Горький, боровшийся со своими антагонистами со всей присущей ему открытой, грубой силой, на интервью Сулера отозвался только личным письмом. Тема письма: не лез бы ты в чужую драку. Он понимает, что Сулер влезает в драки литературно-театральные или уличные, когда видит несправедливость. Сейчас справедливость, право на свободу — у театра. И Горький понимает: «друже» — не просто исполнитель его горьковской воли, но имеет волю свою. И у Горького вырывается: «Сулер — ненадежен. Никогда не знаешь, что он сделает завтра — бросит бомбу или уйдет в хор песенников». Бомбой однажды действительно напуган московский городовой: Москвин и Сулер подъехали на извозчике к полицейскому посту, передали городовому что-то круглое, обернутое в бумагу. Тот видимо не успел даже подумать, как господа крикнули ему: «Бомба!» — и умчались, оставив городового со свертком в руках. Розыгрыш, шутка. Настоящую бомбу Сулер мог, вероятно, сделать, рискнуть провезти даже из-за границы. И то вряд ли — шрифты возил, листовки возил, печатал, прятал, распространял. Оружие не возил и не прятал. С людьми: то с анархистами, то с эсерами, то с большевиками, то с меньшевиками — то соглашался, то спорил. Уставы и программы для него не важны. Вот «Член земельного товарищества» — его дело. Член партии или союза политического — не для него. Толстовские трактаты о религии, об искусстве дает студийцам для прочтения. Часто студийцы не возвращают ему ни эти трактаты, ни редкие книги. Если едет куда-то со студийцами — бутерброды с ветчиной или колбасой есть не будет. Отговорится диетой, отговаривать же молодых людей от мясоедства будет, но неназойливо. Маня Успенская мяса не ест, а вот Алексей Дикий ест поросят под хреном — истово, вкусно. Дикий — из крупных людей, предназначенных крупному театру. Фамилия соответствует человеку. В Малый бы взяли, покрывал бы голосом пространство ярусного зала. Но играет в крошечной студии, завороженный личностью Сулера. Молодые словно разворачивают стены студии. Особенно когда репетируют, затем пробуют играть «Гибель „Надежды“».
* * *
Пьесу голландца Гейерманса принес в студию Ричард Болеславский. Один из старейшин среди молодых — ведь сыграл в «Месяце в деревне» студента Беляева, из-за которого произошла трагедия тургеневских героинь. Внешность сценическая, голос молодой, звонкий, изведан успех в пьесе Тургенева, в пространстве Добужинского, в партнерстве с Ольгой Леонардовной и Константином Сергеевичем.

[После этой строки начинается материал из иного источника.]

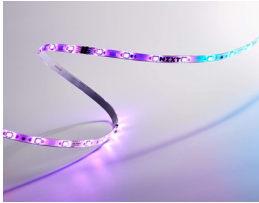

Friday, 05 de June de 2026 , 15:44 PM.

Descripción del Producto

TIRA LED NZXT RGB/300MM BLANCO MATTE

Soluciones Integrales En Tecnología Global Office S.A. DE C.V.

No imprima este correo a menos que sea necesario, léalo desde su computadora. Si todas las comunidades actúan de forma combinada, la ciudad estará limpia.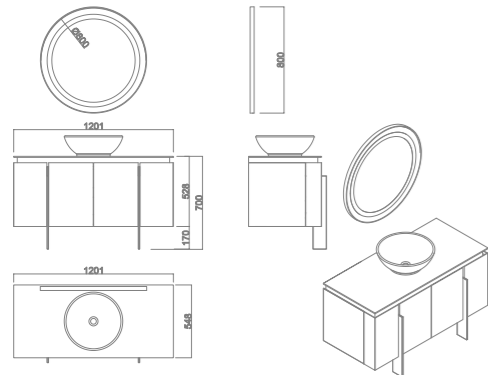

Ayna / Mirror 1.650 TL

Ø100 cm Gold Ayna / Mirror

120 CM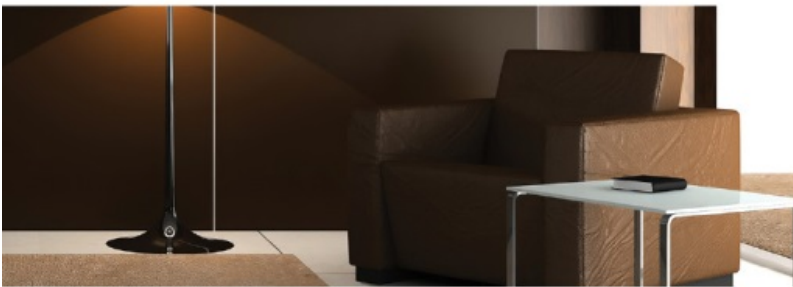

PRO series

Opal GLS

LED dimmable full glass lamps

- Full glass construction
- Nickel plated cap
- Wide 360° beam angle
- Input voltage 240v ~ 50/60Hz

Product Code	Alpha Code	Watt	Base	Colour Temp.	Lumens	Dimensions
20425	LGLS8WESWWD	8w	ES/E27	2700k	800lm	Ø60 x 108mm
20426	LGLS8WBCWWD	8w	BC/B22	2700k	800lm	Ø60 x 108mm
20440	LGLS8WESCWD	8w	ES/E27	4000k	800lm	Ø60 x 108mm
20441	LGLS8WBCCWD	8w	BC/B22	4000k	800lm	Ø60 x 108mm
20427	LGLS8WESDLD	8w	ES/E27	6500k	800lm	Ø60 x 108mm
20428	LGLS8WBCDLD	8w	BC/B22	6500k	800lm	Ø60 x 108mm

А не сыграть ли нам, студийцам, не этюды, не эпизоды из пьес, но целую пьесу, которую мы сами выберем и покажем нашим старикам. Сможем? Стали репетировать. … Пьеса эта шла в России в начале века, сейчас забыта.

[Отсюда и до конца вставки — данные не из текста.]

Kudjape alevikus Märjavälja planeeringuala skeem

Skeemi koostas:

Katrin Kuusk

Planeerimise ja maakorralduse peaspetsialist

Если прочитать название без внутренних кавычек, получится, что пьеса повествует либо о женщине по имени Надежда, либо о чьих-то разрушенных надеждах.
Гейерманс написал пьесу о корабле, вернее о команде старого парусника. Давно кончился срок службы, а хозяева все гоняют его в рейсы, прекрасно зная, что «Надежда» в любой час может пойти ко дну от своей ветхости. Набирается команда в очередной рейс. Рейс застрахован, поэтому гибель «Надежды» только выгодна хозяевам. На суше привычны поджоги старых домов, застрахованных на солидную сумму, та же ситуация возникает на море. Если корабль погиб со всей командой, то кто докажет преступление? Корабль «Надежда» обречен владельцами. Капитан же не знает, что набирает команду для последнего рейса. Люди этой команды — герои спектакля, не в значении «действующих лиц», а в значении героев-жертв, обреченных на смерть. Зрительское сострадание не предполагается; спектакль готовят для себя, как учебный. Константин Сергеевич появляется в студии как всегда: то с раннего утра, то после вечернего спектакля, на час-полтора, но может дозаниматься до утра. Репетиции ведут сами студийцы, в первую очередь Болеславский.

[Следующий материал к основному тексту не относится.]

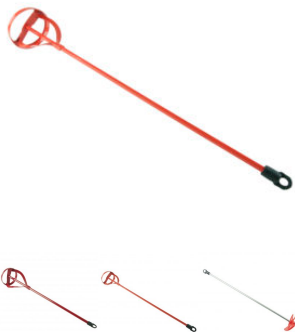

MAALINSEKOITIN PROCAT

Tuotenumero: MAALINSEKOITIN-PROCAT

Kuva	Tuote Nro.	Malli
	11681	80 x 400 mm metalli
	11682	100 x 600 mm metalli

Из воспоминаний Алексея Дикого: «Как-то особенно ясно помню на репетициях „Надежды“ Леопольда Антоновича Сулержицкого. Он тоже был предельно тактичен с Болеславским, стараясь нигде и ни в чем не ущемлять его молодого самолюбия. Да и метод Сулержицкого был таков, что казался формой невмешательства в область собственно режиссуры. Сулержицкий не был постановщиком в принятом смысле слова, хотя и начал свою „жизнь в искусстве“ в эпоху усиленного искания театральных форм. Его влияние на спектакль осуществлялось путем духовного „подсказа“, через цепь бесед по ролям и всему спектаклю, бесед не „литературных“, но театрально действенных, сочетавших творческий „подсказ“ с показом. Он был в первую очередь толкователь драматургического материала, толкователь отличный, тонкий. Не являясь режиссером-философом, как Владимир Иванович, он обладал не меньшей чем тот интуицией, и благородство его души накладывало свой отпечаток на каждый спектакль, с которым ему приходилось соприкасаться. Я думаю, что чистота атмосферы „Надежды“ была в большой степени отражением личности этого прекрасного человека.
Мы репетировали драму Гейерманса все в том же помещении на Тверской улице, где впервые собрал нас Станиславский. На чьи деньги снято было это помещение, толком никто не знал. В Студии ведь не было еще своего бюджета, и все мы работали совершенно бесплатно; нам и в голову не приходило, что можно требовать деньги за счастье иметь свой собственный дом. Напротив, мы с радостью содержали бы Студию сами, если бы не были в то время так откровенно и непролазно бедны. Ходили упорные слухи, что помещение снял Константин Сергеевич на свои личные деньги. Я думаю, что так оно и было, но сам он эту версию упорно отрицал».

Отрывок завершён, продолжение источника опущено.